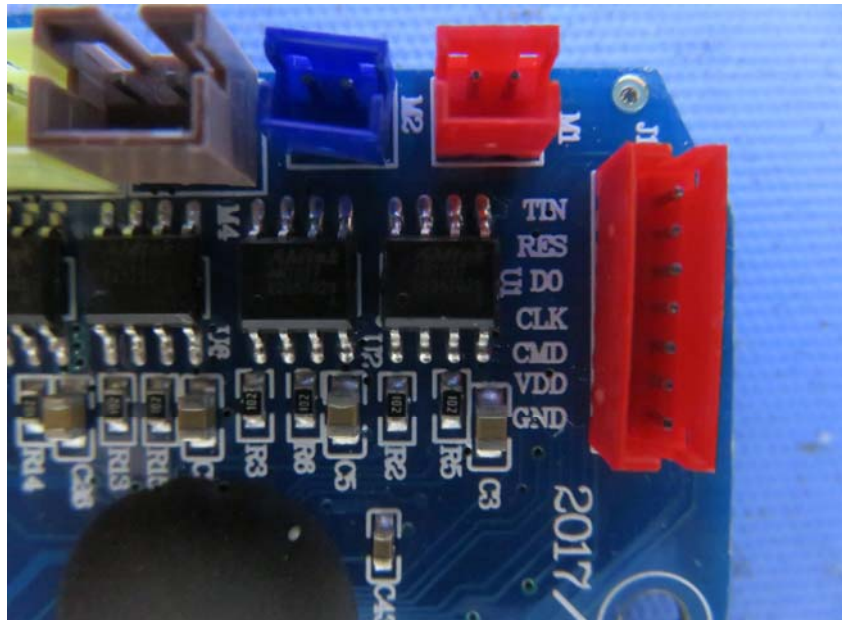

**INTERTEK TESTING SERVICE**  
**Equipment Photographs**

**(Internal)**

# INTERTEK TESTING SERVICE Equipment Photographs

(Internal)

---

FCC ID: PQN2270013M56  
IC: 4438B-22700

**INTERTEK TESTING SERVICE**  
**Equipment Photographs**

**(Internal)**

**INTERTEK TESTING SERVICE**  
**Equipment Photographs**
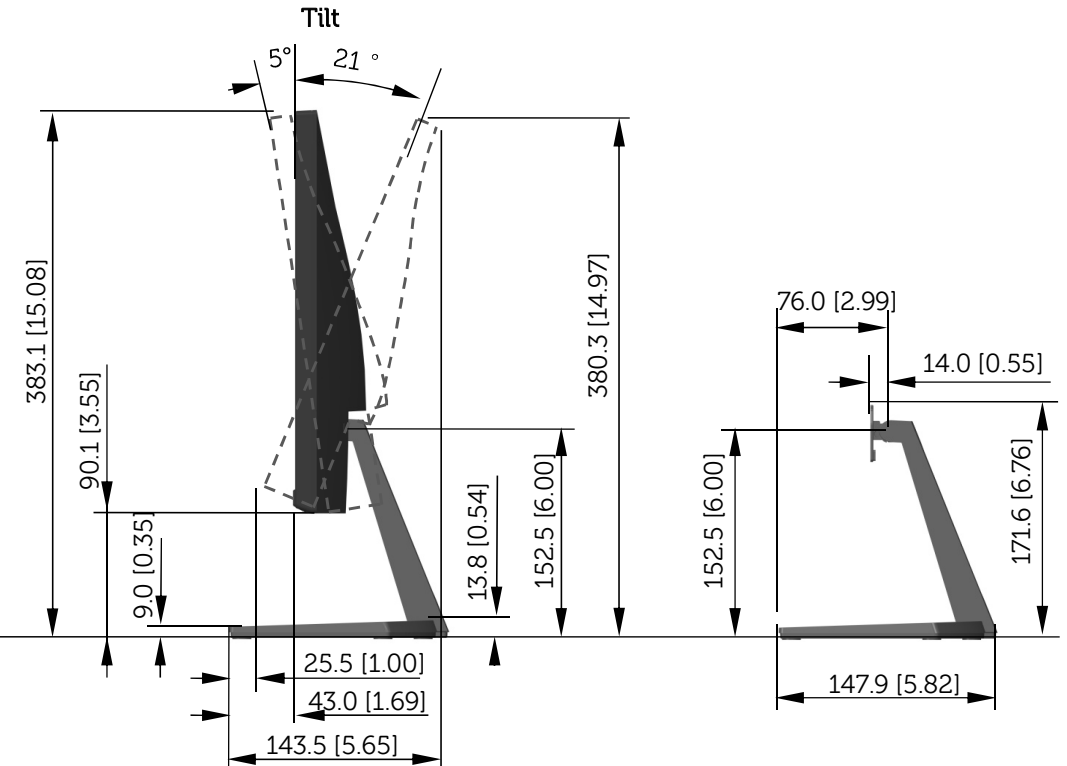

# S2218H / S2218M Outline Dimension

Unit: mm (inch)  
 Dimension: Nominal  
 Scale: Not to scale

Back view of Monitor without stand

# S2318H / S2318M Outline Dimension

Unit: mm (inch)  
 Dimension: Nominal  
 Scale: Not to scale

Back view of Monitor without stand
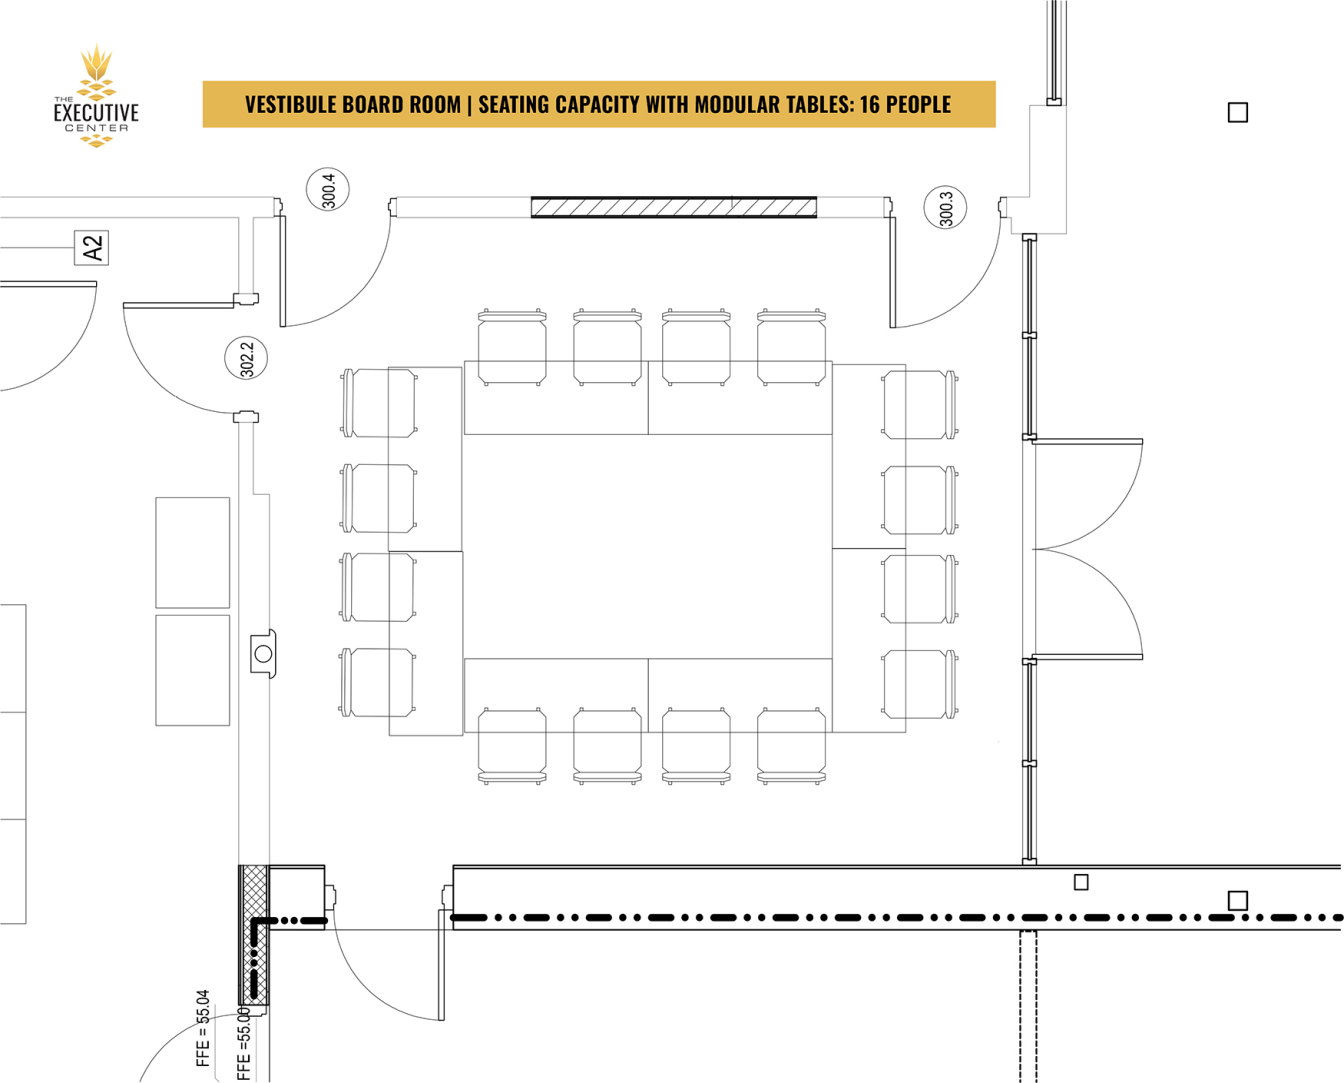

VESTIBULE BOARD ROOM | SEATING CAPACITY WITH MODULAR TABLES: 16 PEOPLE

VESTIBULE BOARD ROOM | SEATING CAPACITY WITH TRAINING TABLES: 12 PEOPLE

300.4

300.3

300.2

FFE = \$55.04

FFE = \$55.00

★ ★ ★

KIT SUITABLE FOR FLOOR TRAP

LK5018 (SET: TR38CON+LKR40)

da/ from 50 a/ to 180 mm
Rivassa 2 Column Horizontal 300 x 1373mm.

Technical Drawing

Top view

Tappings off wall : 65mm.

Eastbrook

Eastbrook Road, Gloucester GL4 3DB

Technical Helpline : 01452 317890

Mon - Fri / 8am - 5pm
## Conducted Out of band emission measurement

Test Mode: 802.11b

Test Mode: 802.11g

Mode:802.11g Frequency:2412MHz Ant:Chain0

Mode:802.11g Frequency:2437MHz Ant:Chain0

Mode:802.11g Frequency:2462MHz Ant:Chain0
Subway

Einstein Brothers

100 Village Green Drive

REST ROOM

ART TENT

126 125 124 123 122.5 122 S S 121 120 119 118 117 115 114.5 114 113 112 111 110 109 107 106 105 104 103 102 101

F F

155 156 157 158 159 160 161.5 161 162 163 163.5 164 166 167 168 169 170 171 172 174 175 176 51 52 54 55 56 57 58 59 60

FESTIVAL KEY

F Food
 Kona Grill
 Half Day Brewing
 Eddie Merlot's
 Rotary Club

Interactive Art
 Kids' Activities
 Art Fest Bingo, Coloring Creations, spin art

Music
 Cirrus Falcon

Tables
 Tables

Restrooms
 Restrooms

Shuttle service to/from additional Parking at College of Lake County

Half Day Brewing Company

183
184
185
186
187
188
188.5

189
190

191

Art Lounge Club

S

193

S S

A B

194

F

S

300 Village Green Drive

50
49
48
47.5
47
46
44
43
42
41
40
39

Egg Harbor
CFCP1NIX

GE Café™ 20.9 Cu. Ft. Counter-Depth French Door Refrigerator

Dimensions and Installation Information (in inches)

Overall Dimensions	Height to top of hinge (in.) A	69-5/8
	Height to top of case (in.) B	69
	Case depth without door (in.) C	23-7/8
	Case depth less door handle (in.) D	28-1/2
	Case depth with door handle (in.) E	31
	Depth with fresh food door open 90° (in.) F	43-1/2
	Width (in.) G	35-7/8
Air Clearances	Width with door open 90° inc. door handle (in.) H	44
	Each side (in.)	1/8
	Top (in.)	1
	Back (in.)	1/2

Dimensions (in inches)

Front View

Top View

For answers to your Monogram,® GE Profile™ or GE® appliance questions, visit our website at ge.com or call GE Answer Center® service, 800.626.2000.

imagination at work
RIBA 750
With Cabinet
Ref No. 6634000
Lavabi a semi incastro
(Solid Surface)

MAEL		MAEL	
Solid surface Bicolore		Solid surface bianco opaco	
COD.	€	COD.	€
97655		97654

★ ★ ★

Every line of the listing that includes "Half" must be shown.

 Half Day Brewing
Half Day Brewing Company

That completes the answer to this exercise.